No obstante, este proceso no es homogéneo, en
América Latina, en particular, persisten las representaciones sociales
tradicionales respecto a las responsabilidades diferenciales de hombres y
mujeres en relación al trabajo doméstico y la crianza de los niños y niñas.
Dichas representaciones están presentes en las negociaciones entre varones y
mujeres sobre las responsabilidades domésticas, según indica Carole Pateman, en
su trabajo El contrato sexual (1995).
La lógica del Estado de Bienestar presuponía la
existencia de una familia nuclear, compuesta por varones proveedores y mujeres
amas de casa, donde la atención de los niños recaía en la mujer. Sin embargo,
la desarticulación del Estado de bienestar y al mismo tiempo la desarticulación
de la familia nuclear, no modificarían la representación social que asociaba a
las mujeres con las tareas de cuidado tanto de niños y niñas pequeñas como de
adultos mayores. Para los varones su rol de proveedor los exenta de las
responsabilidades del cuidado de los hijos e hijas y las tareas domésticas. El
hecho de asumir el rol de sostén del hogar no es sólo económico, sino que tiene
una doble función simbólica, afirmando su masculinidad tanto individual como
social y, además, les otorga ciertos privilegios por sobre otros miembros del
hogar.
Feminización de la pobreza
En el aspecto económico, el modelo neoliberal
supone cambios en el trabajo remunerado: una nueva composición de la fuerza de
trabajo que incluye una mayor participación femenina, así como también,
trabajadores de otras etnias y nacionalidades. El desempleo estructural genera
exclusión de grandes sectores de la población y se erige como la nueva cuestión
social, al tiempo que los Estados flexibilizan sus leyes laborales, creando un
clima de mayor inseguridad, y un real incremento de la desigualdad social.
En este marco se produjo la acogida femenina
masiva al mercado laboral remunerado.
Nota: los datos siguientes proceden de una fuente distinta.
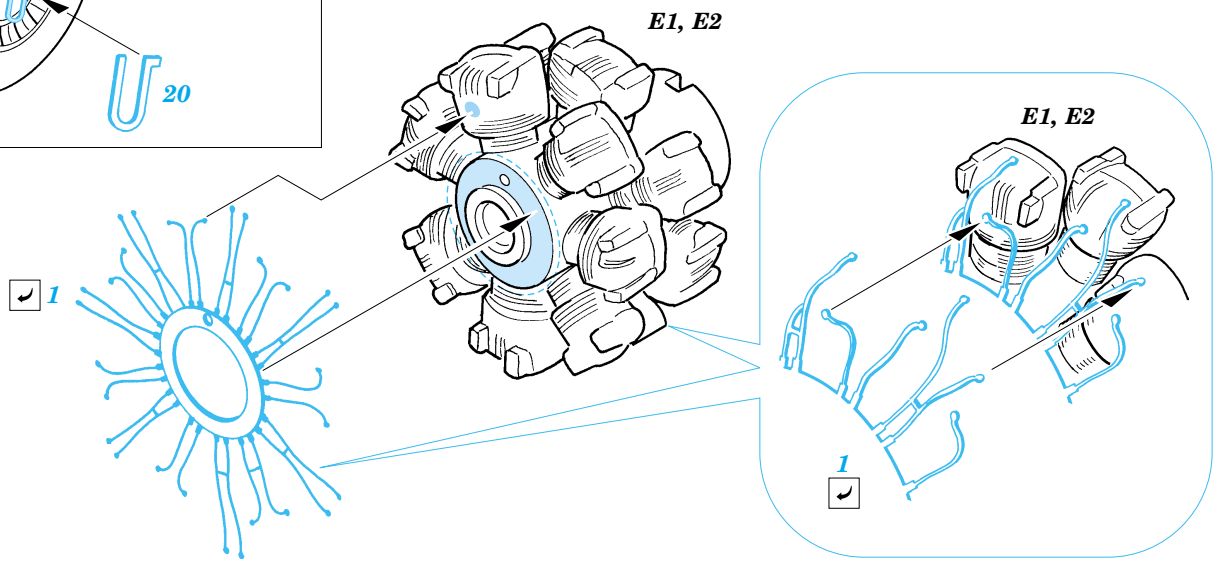

B-25J Mitchell exterior

1/72 scale detail set for Hasegawa kit • sada detailů pro model 1/72 Hasegawa

eduard

72 424

-  APPLY EXPRESS MASK AND PAINT BEFORE GLUING
POUŽÍTE EXPRESNÍ MASKU PŘED SLEPENÍM
-  SYMMETRICAL ASSEMBLY
SYMMETRICKÁ MONTÁŽ
-  REMOVE
ODSTRANIT
-  GRIND
OBROUSIT
-  DRILL HOLE
VRTAT OTVOR

-  BEND
OHNOUT
-  OPTION
VOLBA
-  REPLACE
NAHRADIT

 ORIGINAL KIT PARTS
PŮVODNÍ DÍLY STAVEBNICE

 PHOTO-ETCHED PARTS
LEPTANÉ DÍLY

 PARTS TO BE REMOVED
DÍLY K ODSTRANĚNÍ

 FILL
TMELIT

3 sets

References:
 - Detail & Scale No.8260:B-25 Mitchell in detail
 - Squadron/Signal Publ. No.1034:B-25 Mitchell in action
 - Replic No.116 2001
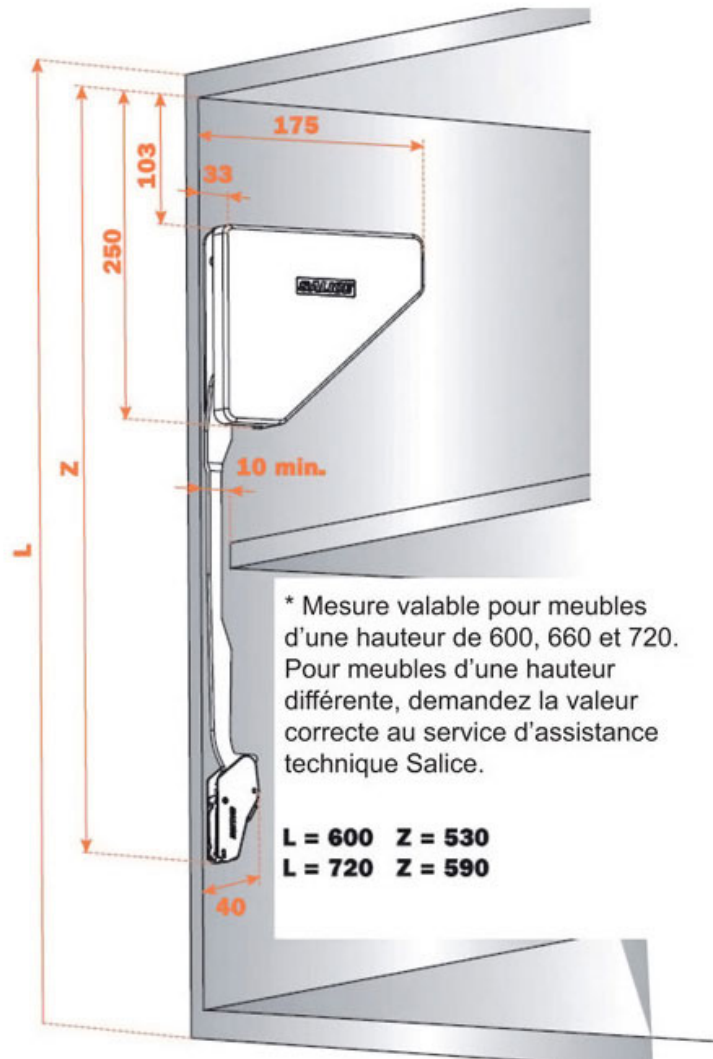

FERRURE POUR PORTE RELEVABLE DOUBLE

SALICE

SALICE

<http://www.qama.fr/ferrure-pour-porte-relevable-double-p10859>

Tel : 02 43 13 49 49

Fax : 02 43 30 26 16

www.qama.fr
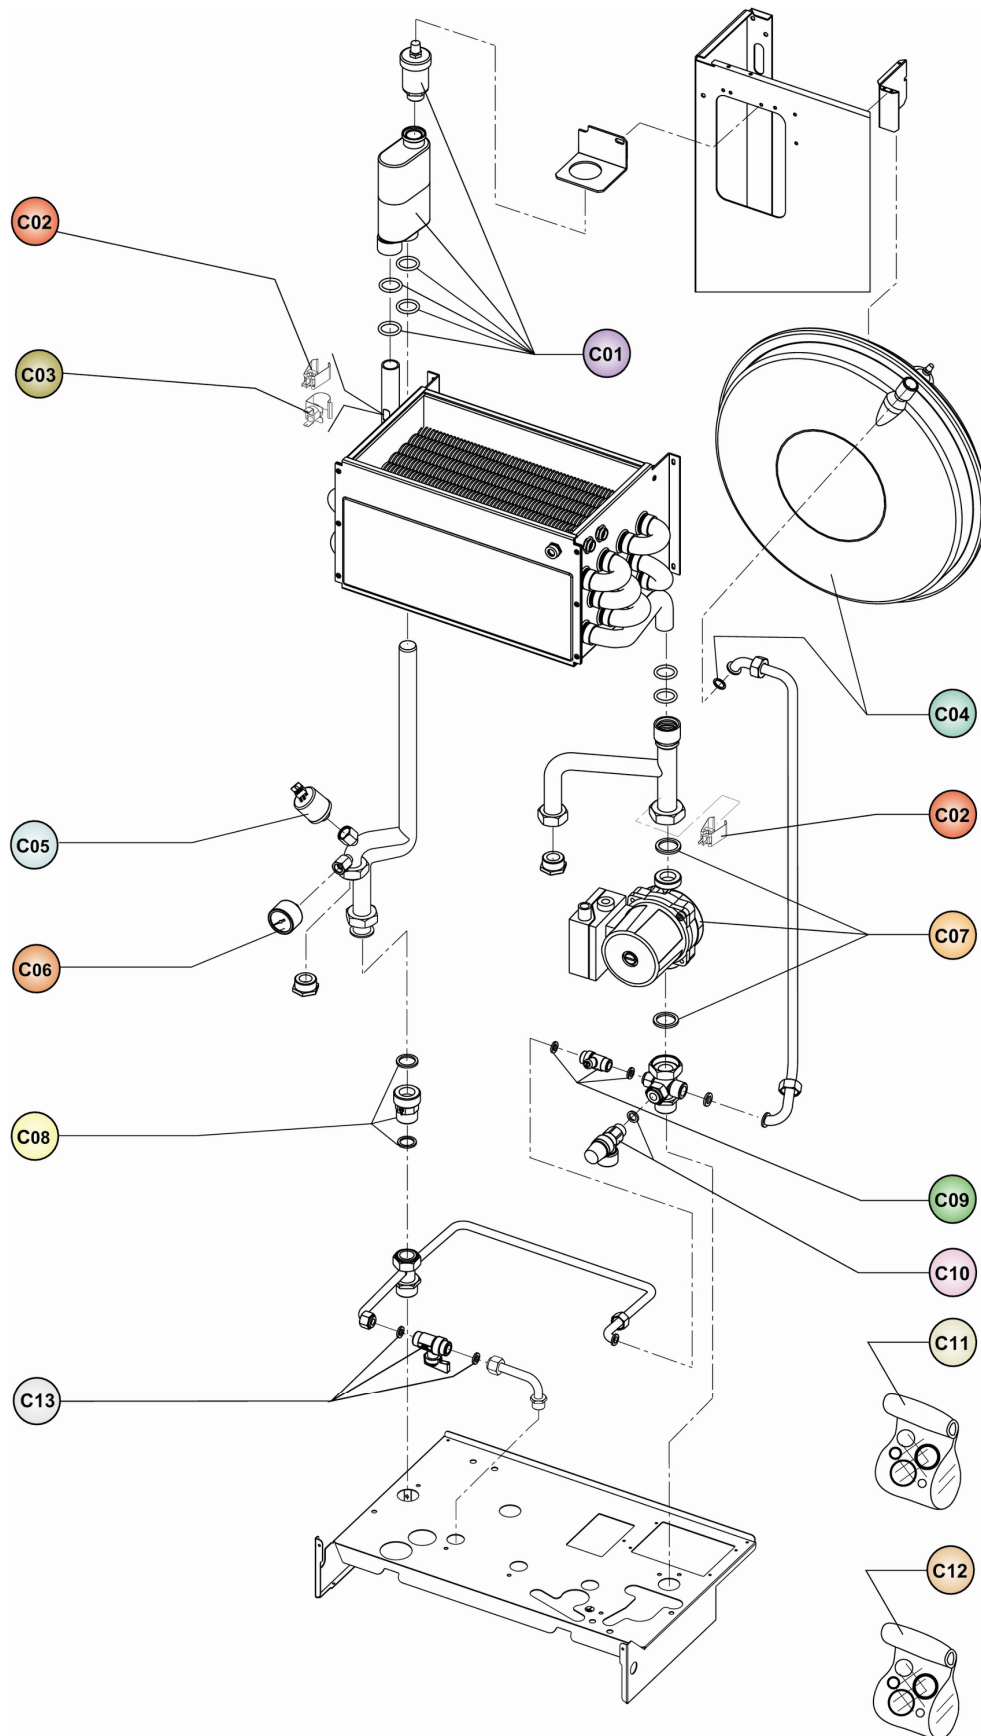

ECONCEPT 15A

ECONCEPT 15A

LISTA PEZZI

POS.	CODICE	DESC.	QT.
A01	39810531	KIT FIANCO REVERS.*ECONCEPT 25	1.000
A02	39817020	KIT FONDO TELAIO (31216740)	1.000
A03	39810410	KIT PANNELLO A.Fm.M3(31107770)	1.000
A04	39810400	KIT PORTELLINO TRAP.(35009580)	1.000
B01	39809420	KIT TRASFORM. (36702760)	1.000
B02	39810390	KIT SCATOLA ELETTR. (35009780)	1.000
B03	39810380	KIT SCHEDA DISPLAY (38320520)	1.000
B04	39810470	KIT MANOP.e PULS.*ECONCEPT	1.000
B05	39811480	KIT 5 PULSANTI (36100460)	1.000
C01	39810370	KIT SEP.ARIA+VALV. (38419270)	1.000
C02	39806670	KIT SONDA TEMP. (36200490)	1.000
C03	39805650	KIT TST.C.ARG.100°C (36400900)	1.000
C04	39809690	KIT VASO ESP.10Lt. (36802740)	1.000
C05	39809470	KIT TRASDUTTORE (36400380)	1.000
C06	39809750	KIT IDROM.ATT.1/4" (36400390)	1.000
C07	39810560	KIT POMPA (36601711)	1.000
C08	39810330	KIT VALV.N/R 1"-3/4"(36900350)	1.000
C09	39810360	KIT RUB.3/8" Tp.4452(36901940)	1.000
C10	39800130	KIT VALV.SIC.MF1/2" (36900660)	1.000
C11	39810350	KIT GUARNIZ.e O-RING*ECONCEPT	1.000
C12	39812340	KIT GUARNIZ.H2O (da 3/8"a 1")	1.000
C13	39808980	KIT RUB.3/8" Tp.5014(36901470)	1.000
D01	39832360	KIT GR.ELETTRODI (36702940)	1.000
D02	39810340	KIT SONDA FUMI (36200740)	1.000
D03	39807910	KIT BRUC.CERAM. (37608170)	1.000
D04	39810550	KIT PACCO LAM.COMPL.(37400080)	1.000
D05	39812220	KIT UG.ARIA D.14,0 (32203590)	1.000
D06	39812210	KIT UG.GAS gpl D2,90(32203661)	1.000
D07	39807870	KIT UG.GAS m. D3,90(32203371)	1.000
D08	39806570	KIT PORTA VASCA (32913090)	1.000
D09	39810420	KIT VALV.GAS (36800030)	1.000
D10	39810431	KIT CENTRAL.DCF02.2 (36507492)	1.000
D11	39811610	KIT SERBATOIO COND. (39027270)	1.000
D12	39806200	KIT ELETTRODO RIVEL.(36702635)	1.000
D13	39810540	KIT VENT.(36601262) Sr.M303-04	1.000
D14	39811330	KIT SPIA SILICONE (35102690)	1.000
D15	39809540	KIT 2 GUARNIZ.CON. (35100000)	1.000
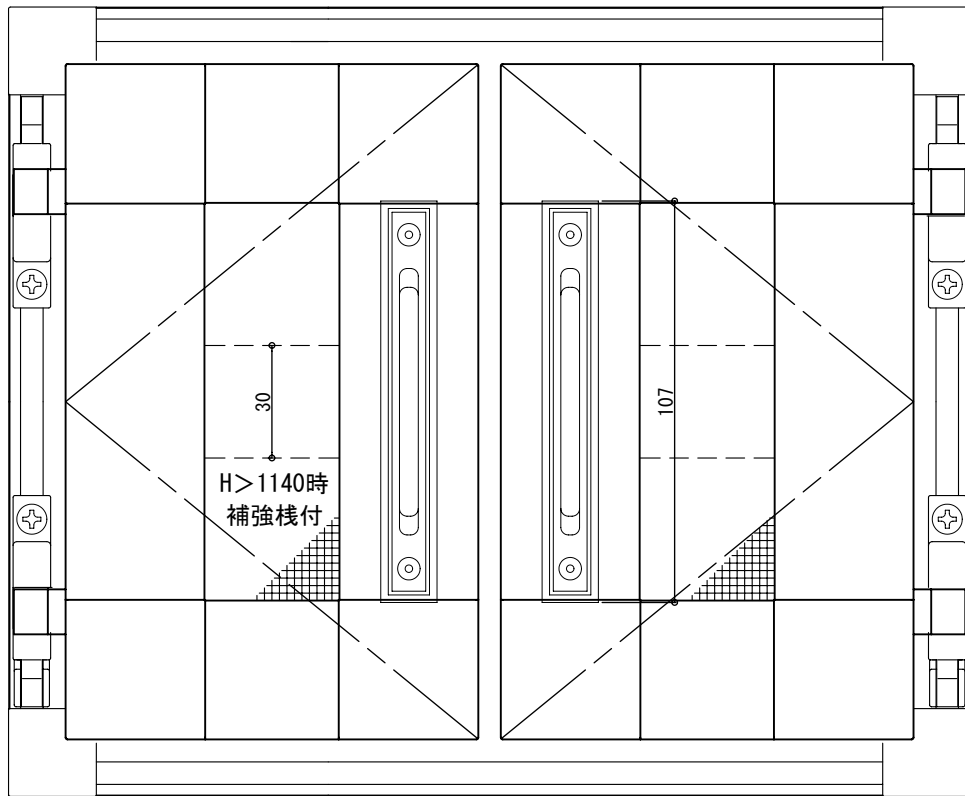

H 2 型網戸

網戸出来寸

網戸W = 開口W - 2
 網戸H = 開口H - 2
 付属ネジ M4x20トラスチック®

<p>H型四方枠</p>	<p>H型扉枠</p>	<p>中棧</p>	
<p>召合せゴム</p>	<p>マグネット</p>	<p>プレート</p>	<p>取っ手</p>
<p>ブラック</p>	<p>ブラック</p>	<p>色:DB</p>	<p>色:U・G・TW・D</p>
<p>四方枠コーナー樹脂</p>	<p>丁番 (枠側)</p>	<p>丁番付 扉コーナー</p>	<p>扉コーナー</p>
<p>色:U・G・TW・D</p>	<p>色:U・G・TW・D</p>	<p>色:U・G・TW・D</p>	<p>色:U・G・TW・D</p>

※扉コーナーは旧商品には使用出来ません。
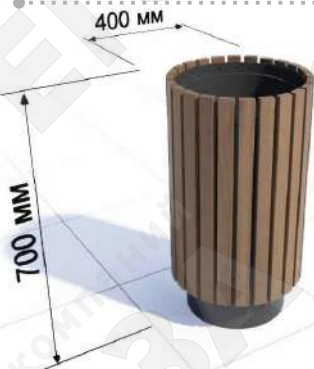

УРНА «ДЛЯ РАЗДЕЛЬНОГО
СБОРА МУСОРА» 5227

Урны для мусора

УРНА «КРУГЛАЯ» 5225
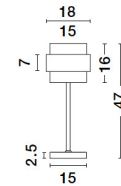

9236400_2

9236400_3

9236400_4

9236400_5

9236400_6

SIANNA - 9236400

Smoke Glass
Black Cord
Brass gold Metal
LED E27 1x12 Watt 230 Volt
IP20 Bulb Excluded
D: 18 H: 47 cm

9236400_7

Dieses Produkt gibt es in folgenden Ausführungen:

Best.-Nr.	Leuchtmittel	Detailinfos
28-9236400	SIANNA LED E27 DEPEND ON LAMP Lichtfarbe: DEPEND ON LAMP,	BRASS GOLD & SMOKY, METAL & GLASS, Maße: Ø=18cm H:47cm IP20,
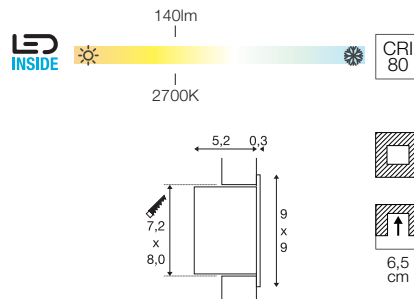

111292 408

1000577 409

FRAME BASIC RL, HV

100-277 V ~ 50/60 Hz | 350 mA
Systeemvermogen: 3,1 W
Materiaal: aluminium

- Klemveren
- Materiaaldikte montagevlak: 10-30 mm

1000576, 1000577	140lm 2700K	

- Inbouwframe
Art. nr. 112780
- Inbouwdoos
Art. nr. 112781

Variant	Art. nr.
140 lm 2700 K CRI 80	
<input type="checkbox"/> wit	1000576
140 lm 2700 K CRI 90	
<input type="checkbox"/> grijs	1000577

FRAME BASIC RL

350 mA
Systeemvermogen: 1 W
Materiaal: aluminium/glas

- Klemveren
- Materiaaldikte montagevlak: 10-30 mm max.
- AMP stekker incl. / driver excl.

113262, 111262	40lm 3000K	

- Verdeelblok 3 uitgangen
Art. nr. 111850
- Kabelverlenging, 1m
Art. nr. 111861
- Inbouwframe
Art. nr. 112780
- Inbouwdoos
Art. nr. 112781
- LED-driver 350 mA | 3 W
incl. trekontlasting
Art. nr. 464107

Dicha inserción presenta una forma
polarizada con mayor segmentación y desigualdad; para las mujeres con títulos
universitarios se abrieron efectivamente nuevas oportunidades de obtener altos
cargos, mientras que para la gran mayoría quedan los cargos de baja
calificación en sectores inestables e incluso con nula protección social.
La incorporación de la mujer al mundo laboral
tampoco supuso una menor carga de las responsabilidades familiares, por el
contrario, supuso una doble jornada o doble presencia. Al tradicional trabajo
reproductivo (todas aquellas actividades no remuneradas del hogar que podrían
ser realizadas por otra persona o que podrían adquirirse si existiera un mercado
para ellas) (cabe destacar que dicho mercado existe y se caracteriza por su
composición femenina y su informalidad) se le incorporó el trabajo remunerado.
En las sociedades modernas el problema del
trabajo doméstico se agrava por la superposición de tareas, generando un
conflicto con las obligaciones laborales, lo que incide en la situación
económica de la familia. Quien realice dichas tareas dependerá de las redes
familiares y la flexibilización laboral que habilita al sector privado a nivel
de empresas o a mujeres de bajos recursos –muchas veces migrantes-, dispuestas
a realizar dicha tarea con escasa o nula protección social. De esta manera, el
trabajo doméstico se feminiza, aunque terciarizado. Así, el sujeto de la
conciliación familia-trabajo no es un sujeto neutro, sino femenino. Los
estereotipos de género, es decir, las disposiciones sociales (e
institucionales) que convierten y legitiman la diferencia de sexo en
desigualdades sociales continúan vigentes.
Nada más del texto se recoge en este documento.